Section 5.14        Voting of Stock.

 

Unless otherwise ordered by the Board of Directors, each of the Chairman of the Board, the President, and the principal accounting officer (as identified in the corporation's most recent report filed with the United States Securities and Exchange Commission) shall have full power and authority, on behalf of the corporation, to attend and to act and vote, in person or by proxy, at any meeting of the stockholders of any company in which the corporation may hold stock, and at any such meeting shall possess and may exercise any and all of the rights and powers incident to the ownership of such stock which, as the owner thereof, the corporation might have possessed and exercised if present. The Board of Directors, by resolution adopted from time to time, may confer like powers upon any other person or persons.

 

Section 5.15        Endorsement of Securities for Transfer.

 

Each of the Chairman of the Board, the President, and the principal accounting officer shall have the power to endorse and deliver for sale, assignment or transfer certificates for stock, bonds or other securities, registered in the name of or belonging to the corporation, whether issued by the corporation or by any other corporation, government, state or municipality or agency thereof, and the Board of Directors from time to time may confer like power upon any other officer, agent or person by resolution adopted from time to time.
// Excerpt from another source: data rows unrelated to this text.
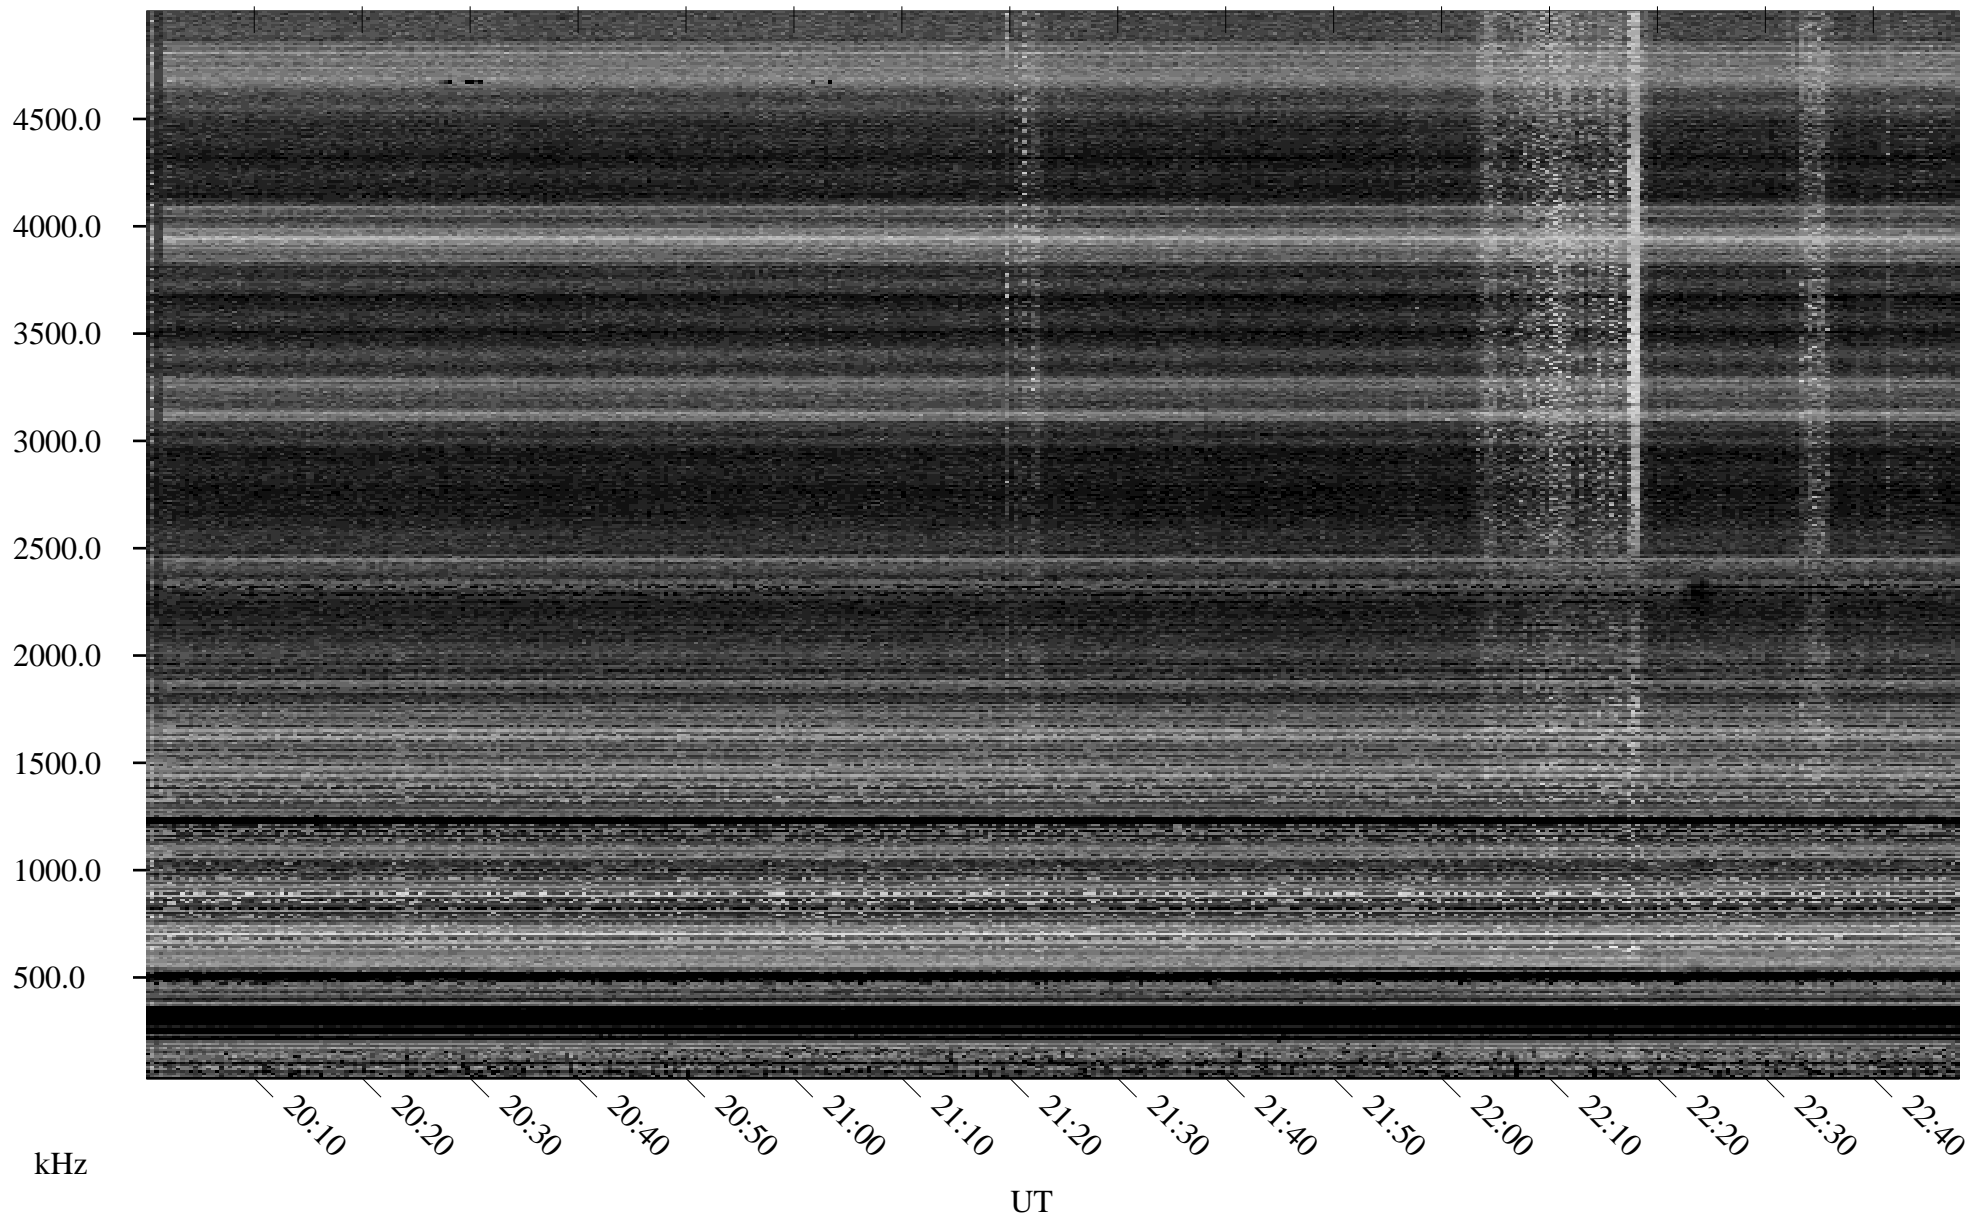

06/09/2006 Churchill, Manitoba

Linear Scale Black = 161 White = 15

ch06160l.r00m max_12

Page 1

06/09/2006 Churchill, Manitoba

Linear Scale Black = 161 White = 15

ch06160l.r00m max_12

Page 2

06/10/2006 Churchill, Manitoba

Linear Scale Black = 161 White = 15

ch06160l.r00m max_12

Page 3

06/10/2006 Churchill, Manitoba

Linear Scale Black = 161 White = 15

ch06160l.r00m max_12

Page 4

06/10/2006 Churchill, Manitoba

Linear Scale Black = 161 White = 15

ch06160l.r00m max_12

Page 5

06/10/2006 Churchill, Manitoba

Linear Scale Black = 161 White = 15

ch06160l.r00m max_12

Page 6

06/10/2006 Churchill, Manitoba

Linear Scale Black = 161 White = 15

ch06160l.r00m max_12

Page 7

06/10/2006 Churchill, Manitoba

Linear Scale Black = 161 White = 15

ch06160l.r00m max_12

Page 8
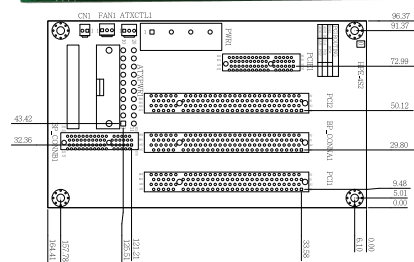

HPE-3S1-R41

Ordering Information

HPE-3S1-R41 3-slot backplane with two PCI slots

HPE-4S1-R41

Ordering Information

HPE-4S1-R41 4-slot backplane with three PCI slots
 PAC-42GH 4-slot half-size compact chassis
 PAC-400G 4-slot half-size compact chassis

HPE-3S2-R41

Ordering Information

HPE-3S2-R41 3-slot backplane with one PCI slot and one PCIe x4 slot

HPE-4S2-R41

Ordering Information

HPE-4S2-R41 4-slot backplane with two PCI slots and one PCIe x4 slot
 PAC-42GH 4-slot half-size compact chassis
 PAC-400G 4-slot half-size compact chassis

Every such endorsement shall be countersigned by the Treasurer or an Assistant Treasurer.

 

Section 5.16 Chairman and Vice Chairman of the Board.

 

The Board of Directors may elect from its members a Chairman of the Board and, if the Board of Directors so determines, a Vice Chairman of the Board. The Chairman of the Board and any Vice Chairman shall not be deemed to be officers or employees of the corporation unless otherwise specifically determined by the Board of Directors. The Chairman of the Board shall preside at all of the meetings of the stockholders and of the Board of Directors. If the Board of Directors has elected a Vice Chairman of the Board of Directors, the Vice Chairman shall, in the absence of the Chairman of the Board of Directors, preside at all meetings of the stockholders and of the Board of Directors, and shall perform such other duties as may be assigned to him or her by the Board of Directors or the Chairman of the Board of Directors.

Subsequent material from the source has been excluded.